THE DATA START

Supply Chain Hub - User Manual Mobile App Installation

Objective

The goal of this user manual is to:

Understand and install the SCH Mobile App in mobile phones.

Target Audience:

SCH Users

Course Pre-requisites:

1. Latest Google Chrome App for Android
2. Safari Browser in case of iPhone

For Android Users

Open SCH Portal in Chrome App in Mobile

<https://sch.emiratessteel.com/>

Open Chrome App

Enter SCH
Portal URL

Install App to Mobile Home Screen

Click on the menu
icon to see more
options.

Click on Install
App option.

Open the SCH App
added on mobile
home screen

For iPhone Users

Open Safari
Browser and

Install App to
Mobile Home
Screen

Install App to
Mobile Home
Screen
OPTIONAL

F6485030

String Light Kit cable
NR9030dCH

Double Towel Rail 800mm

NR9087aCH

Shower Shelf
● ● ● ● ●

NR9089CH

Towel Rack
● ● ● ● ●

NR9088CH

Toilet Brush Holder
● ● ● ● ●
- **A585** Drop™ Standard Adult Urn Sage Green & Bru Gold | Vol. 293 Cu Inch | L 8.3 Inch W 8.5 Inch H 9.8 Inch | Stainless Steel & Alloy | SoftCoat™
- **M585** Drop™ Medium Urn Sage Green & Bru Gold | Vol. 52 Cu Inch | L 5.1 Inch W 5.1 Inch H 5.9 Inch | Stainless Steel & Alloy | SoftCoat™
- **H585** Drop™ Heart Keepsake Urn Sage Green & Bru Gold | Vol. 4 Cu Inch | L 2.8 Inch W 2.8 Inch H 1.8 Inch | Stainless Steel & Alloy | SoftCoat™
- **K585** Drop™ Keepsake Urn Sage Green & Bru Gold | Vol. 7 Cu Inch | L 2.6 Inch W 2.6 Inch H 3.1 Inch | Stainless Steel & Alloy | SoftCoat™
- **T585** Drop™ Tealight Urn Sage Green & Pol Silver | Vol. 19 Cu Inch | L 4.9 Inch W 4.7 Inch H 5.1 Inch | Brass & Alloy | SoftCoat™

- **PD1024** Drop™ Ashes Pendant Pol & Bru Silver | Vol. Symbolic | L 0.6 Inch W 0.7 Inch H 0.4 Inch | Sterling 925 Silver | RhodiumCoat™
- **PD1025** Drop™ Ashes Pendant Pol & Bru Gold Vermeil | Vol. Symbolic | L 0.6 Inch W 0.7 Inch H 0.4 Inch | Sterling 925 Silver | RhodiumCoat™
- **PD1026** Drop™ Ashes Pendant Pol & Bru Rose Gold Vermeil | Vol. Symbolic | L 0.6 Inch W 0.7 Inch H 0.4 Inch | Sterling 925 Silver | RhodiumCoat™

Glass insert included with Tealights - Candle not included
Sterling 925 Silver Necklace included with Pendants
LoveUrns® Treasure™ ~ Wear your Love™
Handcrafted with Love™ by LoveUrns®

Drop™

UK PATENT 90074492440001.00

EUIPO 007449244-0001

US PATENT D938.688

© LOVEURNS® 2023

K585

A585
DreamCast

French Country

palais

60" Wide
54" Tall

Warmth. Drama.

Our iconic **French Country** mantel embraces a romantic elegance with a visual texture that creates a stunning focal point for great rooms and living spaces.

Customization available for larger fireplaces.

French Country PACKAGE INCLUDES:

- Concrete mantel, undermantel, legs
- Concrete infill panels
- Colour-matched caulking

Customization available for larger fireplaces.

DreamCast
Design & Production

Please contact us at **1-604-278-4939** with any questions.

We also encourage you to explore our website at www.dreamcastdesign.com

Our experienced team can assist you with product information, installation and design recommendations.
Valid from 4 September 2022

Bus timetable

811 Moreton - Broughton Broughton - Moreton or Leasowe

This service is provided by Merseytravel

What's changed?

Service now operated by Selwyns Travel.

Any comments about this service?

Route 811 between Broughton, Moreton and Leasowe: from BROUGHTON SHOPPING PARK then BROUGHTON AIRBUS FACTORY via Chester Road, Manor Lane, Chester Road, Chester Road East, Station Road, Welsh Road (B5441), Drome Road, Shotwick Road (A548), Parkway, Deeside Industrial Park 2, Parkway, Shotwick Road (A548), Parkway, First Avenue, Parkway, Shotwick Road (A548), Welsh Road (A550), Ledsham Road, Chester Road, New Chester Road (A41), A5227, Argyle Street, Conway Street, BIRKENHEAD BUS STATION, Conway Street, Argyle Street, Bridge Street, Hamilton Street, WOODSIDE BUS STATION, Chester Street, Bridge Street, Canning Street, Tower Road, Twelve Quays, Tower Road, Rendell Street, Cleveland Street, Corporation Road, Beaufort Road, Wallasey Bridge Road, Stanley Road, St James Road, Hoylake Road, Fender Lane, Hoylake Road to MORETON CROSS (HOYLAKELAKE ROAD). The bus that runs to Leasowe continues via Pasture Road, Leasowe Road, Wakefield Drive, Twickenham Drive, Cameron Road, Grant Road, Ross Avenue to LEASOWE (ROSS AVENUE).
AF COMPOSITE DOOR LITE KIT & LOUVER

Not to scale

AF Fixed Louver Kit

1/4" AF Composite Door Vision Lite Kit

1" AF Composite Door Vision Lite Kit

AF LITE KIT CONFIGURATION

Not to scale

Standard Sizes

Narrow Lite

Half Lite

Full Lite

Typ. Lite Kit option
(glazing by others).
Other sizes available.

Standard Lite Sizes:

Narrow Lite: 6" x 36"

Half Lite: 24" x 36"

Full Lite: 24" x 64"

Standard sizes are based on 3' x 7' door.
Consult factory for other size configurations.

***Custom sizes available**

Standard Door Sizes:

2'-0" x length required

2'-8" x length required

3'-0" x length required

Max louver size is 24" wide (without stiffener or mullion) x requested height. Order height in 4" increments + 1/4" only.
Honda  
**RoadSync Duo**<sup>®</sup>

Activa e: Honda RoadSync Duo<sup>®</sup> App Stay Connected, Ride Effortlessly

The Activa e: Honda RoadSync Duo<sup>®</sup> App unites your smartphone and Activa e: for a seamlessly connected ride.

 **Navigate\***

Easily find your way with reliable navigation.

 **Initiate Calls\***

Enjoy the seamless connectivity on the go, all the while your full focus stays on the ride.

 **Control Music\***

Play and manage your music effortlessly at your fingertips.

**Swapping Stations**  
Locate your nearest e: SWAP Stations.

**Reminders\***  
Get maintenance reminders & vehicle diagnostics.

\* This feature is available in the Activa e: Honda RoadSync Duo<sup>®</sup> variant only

THE DATA END

TASK DIRECTIONS —
Please return only the lines above, starting at the line that has "Please contact us" and ending at the line that has "Our experienced team", keeping both and leaving each one unchanged.

WRITTEN SOLUTION —
Please contact us at **1-604-278-4939** with any questions.

We also encourage you to explore our website at www.dreamcastdesign.com

Our experienced team can assist you with product information, installation and design recommendations.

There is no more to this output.